### AIM OF THE EXERCISE:
From the entries below, print exactly the span beginning with the line holding "SW 88 ST / SW 157 Av" and ending with the line holding "Shower kit Sensum 110/3", endpoints included, and skip any pictures.

### PROVIDED RECORDS:

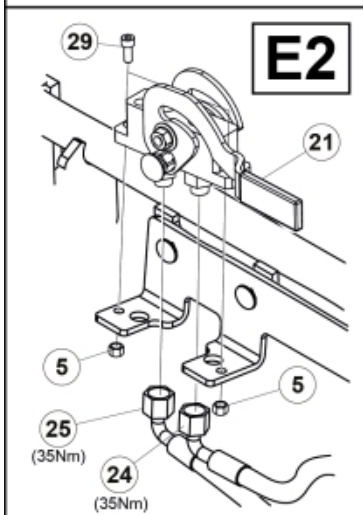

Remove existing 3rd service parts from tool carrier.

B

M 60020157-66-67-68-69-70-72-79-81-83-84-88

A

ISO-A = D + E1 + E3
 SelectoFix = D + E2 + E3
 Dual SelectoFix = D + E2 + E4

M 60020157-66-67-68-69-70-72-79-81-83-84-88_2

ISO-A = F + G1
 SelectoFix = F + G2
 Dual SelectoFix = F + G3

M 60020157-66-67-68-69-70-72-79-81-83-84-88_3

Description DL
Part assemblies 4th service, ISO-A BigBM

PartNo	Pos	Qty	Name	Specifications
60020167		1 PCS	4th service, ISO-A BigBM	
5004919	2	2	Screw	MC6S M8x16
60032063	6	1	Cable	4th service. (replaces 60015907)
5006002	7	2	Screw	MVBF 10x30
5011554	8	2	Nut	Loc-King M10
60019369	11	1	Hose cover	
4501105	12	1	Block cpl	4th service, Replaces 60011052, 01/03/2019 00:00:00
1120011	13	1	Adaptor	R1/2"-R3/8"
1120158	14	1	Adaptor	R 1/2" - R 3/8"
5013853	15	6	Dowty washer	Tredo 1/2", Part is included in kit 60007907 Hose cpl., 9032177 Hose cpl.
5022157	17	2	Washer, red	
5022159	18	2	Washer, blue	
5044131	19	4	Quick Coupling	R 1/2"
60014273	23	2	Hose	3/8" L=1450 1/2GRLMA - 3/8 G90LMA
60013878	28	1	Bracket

==

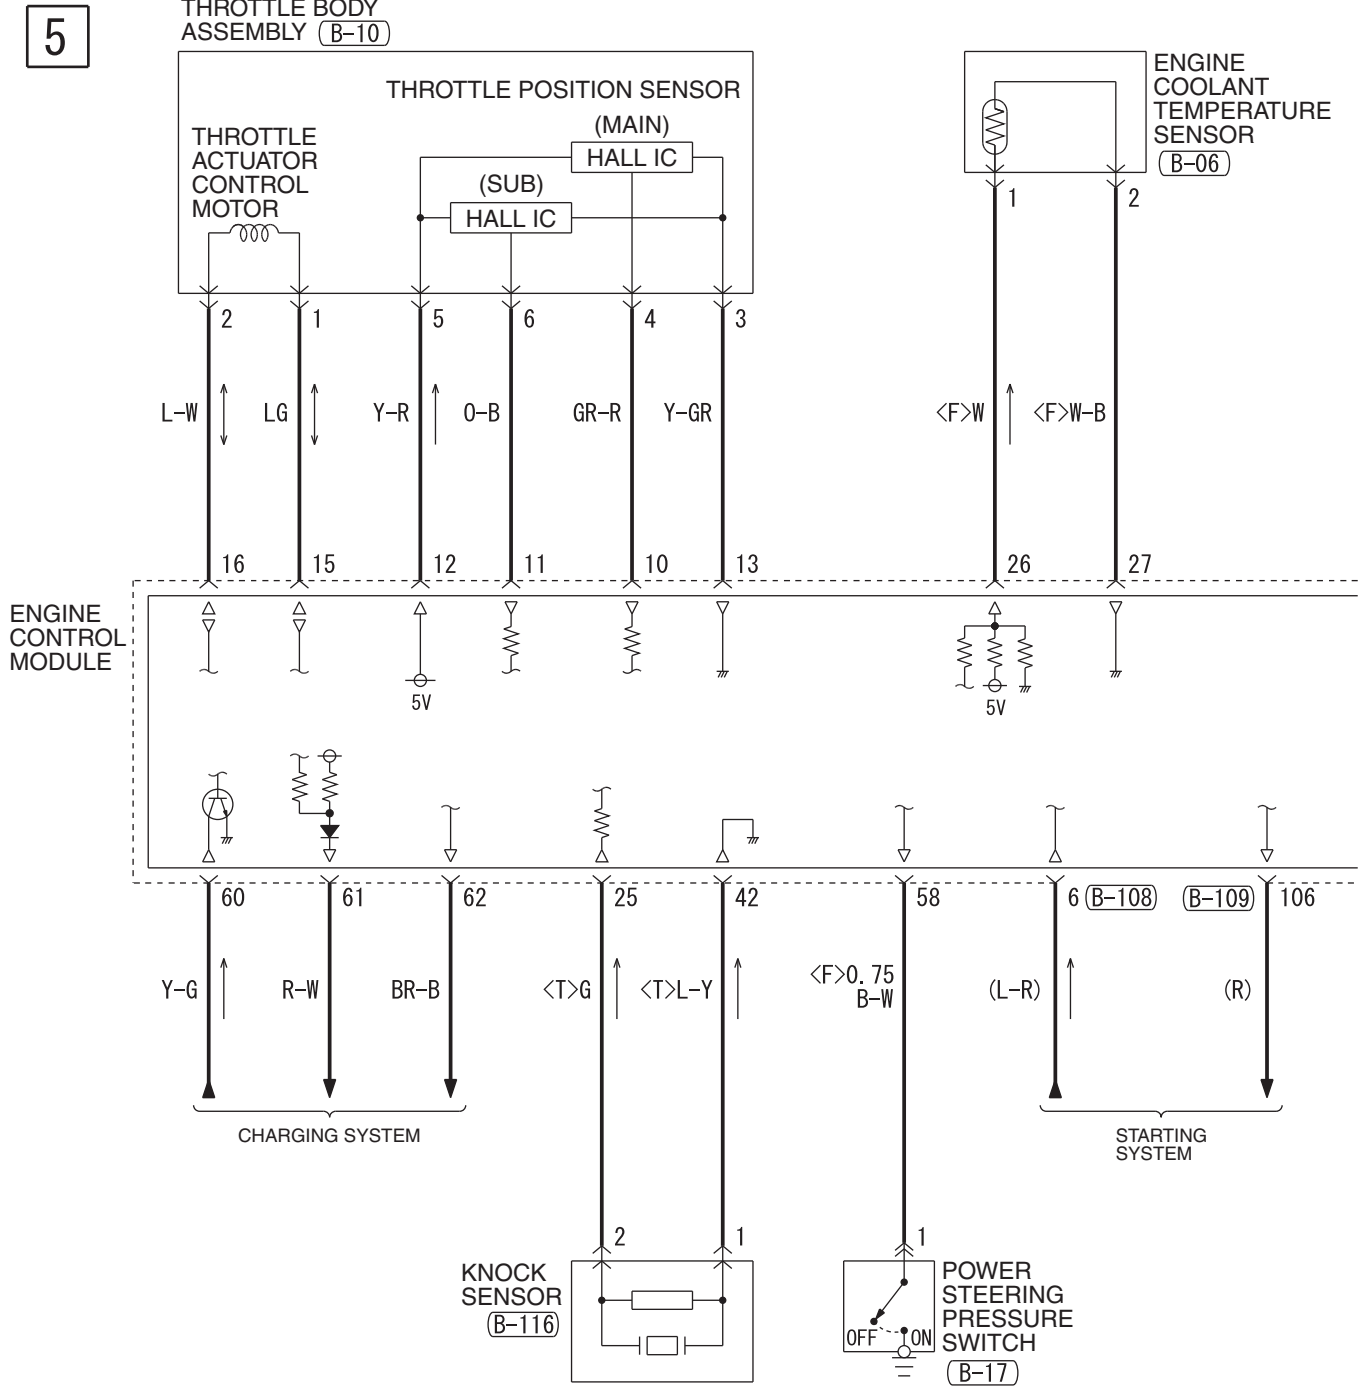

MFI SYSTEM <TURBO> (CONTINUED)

...

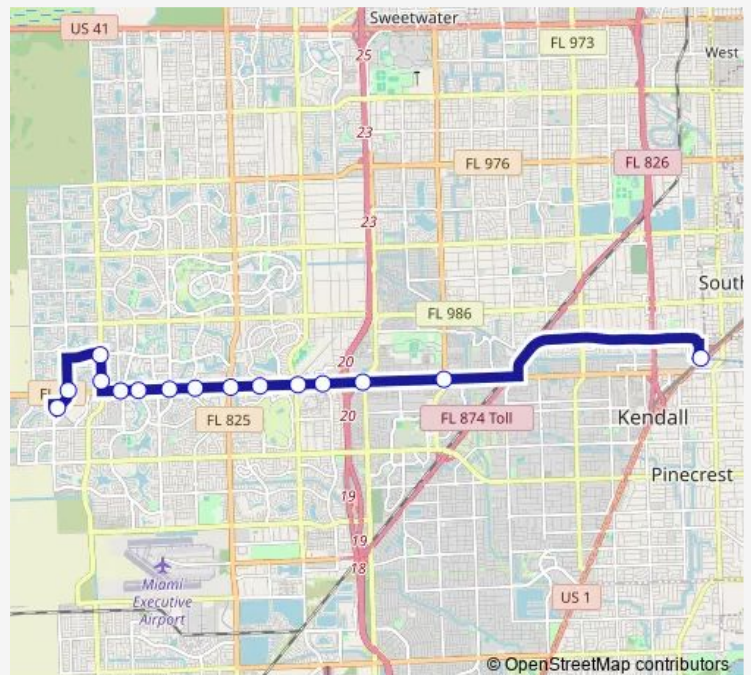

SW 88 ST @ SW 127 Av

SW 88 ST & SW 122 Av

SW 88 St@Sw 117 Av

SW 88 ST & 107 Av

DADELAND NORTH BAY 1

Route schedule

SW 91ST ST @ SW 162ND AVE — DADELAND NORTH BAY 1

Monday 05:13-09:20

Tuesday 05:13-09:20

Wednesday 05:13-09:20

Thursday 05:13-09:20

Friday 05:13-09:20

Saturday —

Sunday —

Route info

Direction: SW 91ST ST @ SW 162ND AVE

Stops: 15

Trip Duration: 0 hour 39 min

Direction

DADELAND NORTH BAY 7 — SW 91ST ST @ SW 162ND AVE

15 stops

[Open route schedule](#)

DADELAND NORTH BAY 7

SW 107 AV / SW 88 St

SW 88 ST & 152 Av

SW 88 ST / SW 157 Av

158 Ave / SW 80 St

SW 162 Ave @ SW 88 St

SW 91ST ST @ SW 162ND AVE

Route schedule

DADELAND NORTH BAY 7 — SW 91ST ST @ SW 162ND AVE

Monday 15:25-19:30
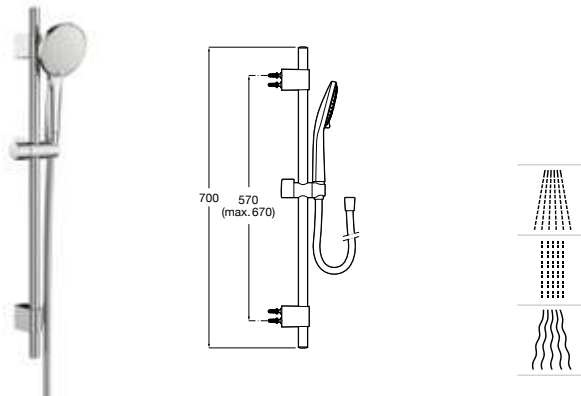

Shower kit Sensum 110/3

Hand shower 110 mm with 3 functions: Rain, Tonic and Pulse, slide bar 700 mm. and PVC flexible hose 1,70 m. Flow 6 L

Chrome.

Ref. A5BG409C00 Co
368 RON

### TASK RESULT:
SW 88 ST / SW 157 Av

158 Ave / SW 80 St

SW 162 Ave @ SW 88 St

SW 91ST ST @ SW 162ND AVE

Route schedule

DADELAND NORTH BAY 7 — SW 91ST ST @ SW 162ND AVE

Monday 15:25-19:30

Shower kit Sensum 110/3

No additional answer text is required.